* [What the exercise asks] Return, character for character, the lines from the one bearing "Located above West" through the end of the material. Omit everything before that line.

* [Data segment]

((

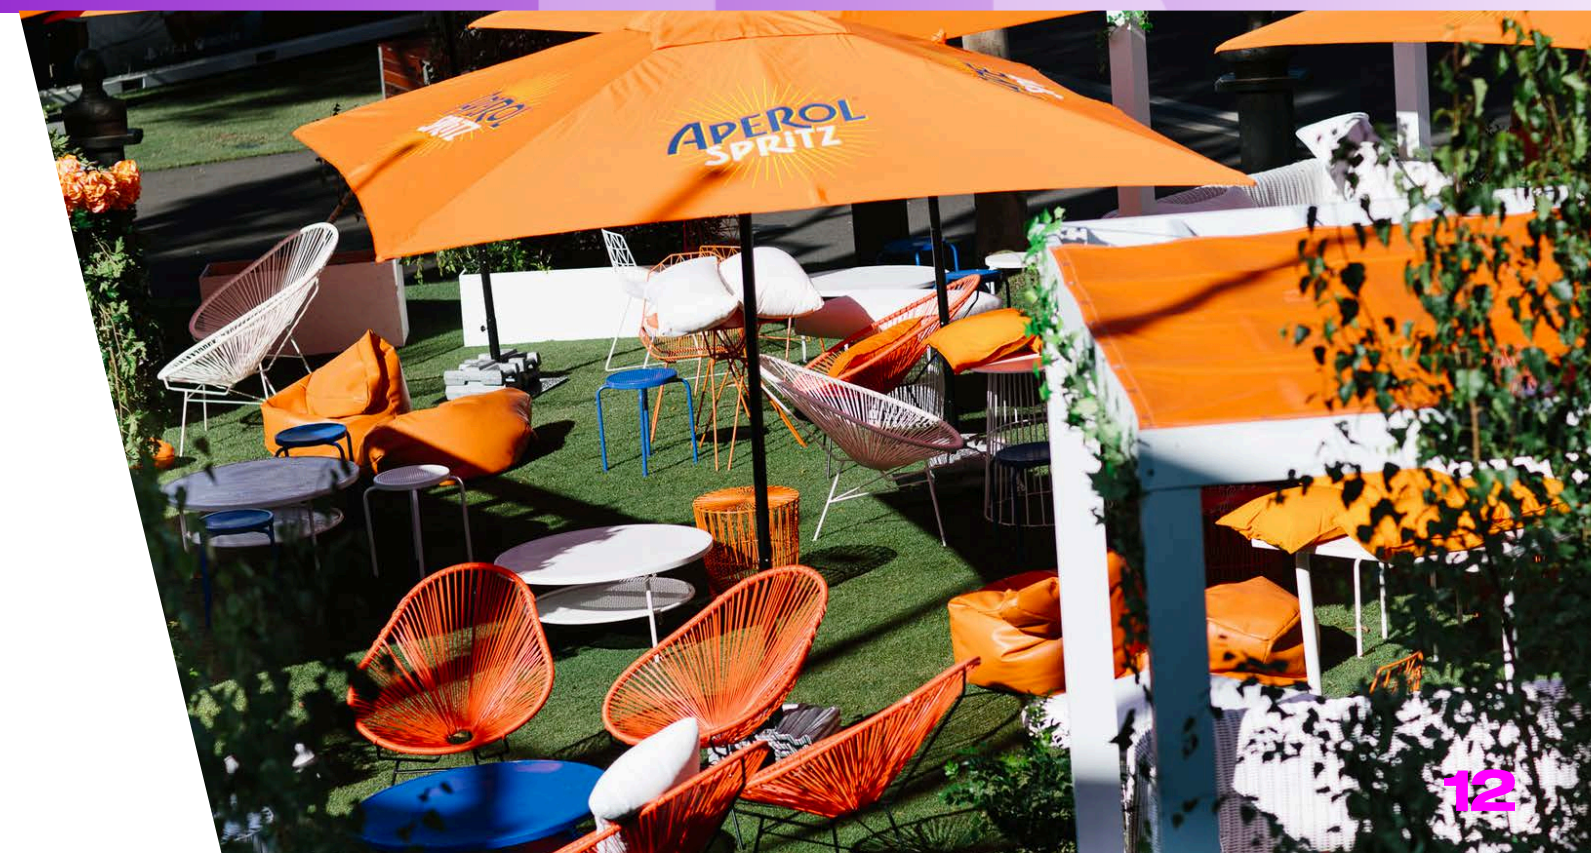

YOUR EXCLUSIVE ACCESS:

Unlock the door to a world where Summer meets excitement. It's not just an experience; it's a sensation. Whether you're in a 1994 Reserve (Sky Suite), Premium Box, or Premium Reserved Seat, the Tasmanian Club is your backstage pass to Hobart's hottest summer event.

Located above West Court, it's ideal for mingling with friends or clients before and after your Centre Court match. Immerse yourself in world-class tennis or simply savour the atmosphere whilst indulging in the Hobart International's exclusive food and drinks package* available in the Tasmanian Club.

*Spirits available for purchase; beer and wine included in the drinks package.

))

* [Problem solution]
Located above West Court, it's ideal for mingling with friends or clients before and after your Centre Court match. Immerse yourself in world-class tennis or simply savour the atmosphere whilst indulging in the Hobart International's exclusive food and drinks package* available in the Tasmanian Club.

*Spirits available for purchase; beer and wine included in the drinks package.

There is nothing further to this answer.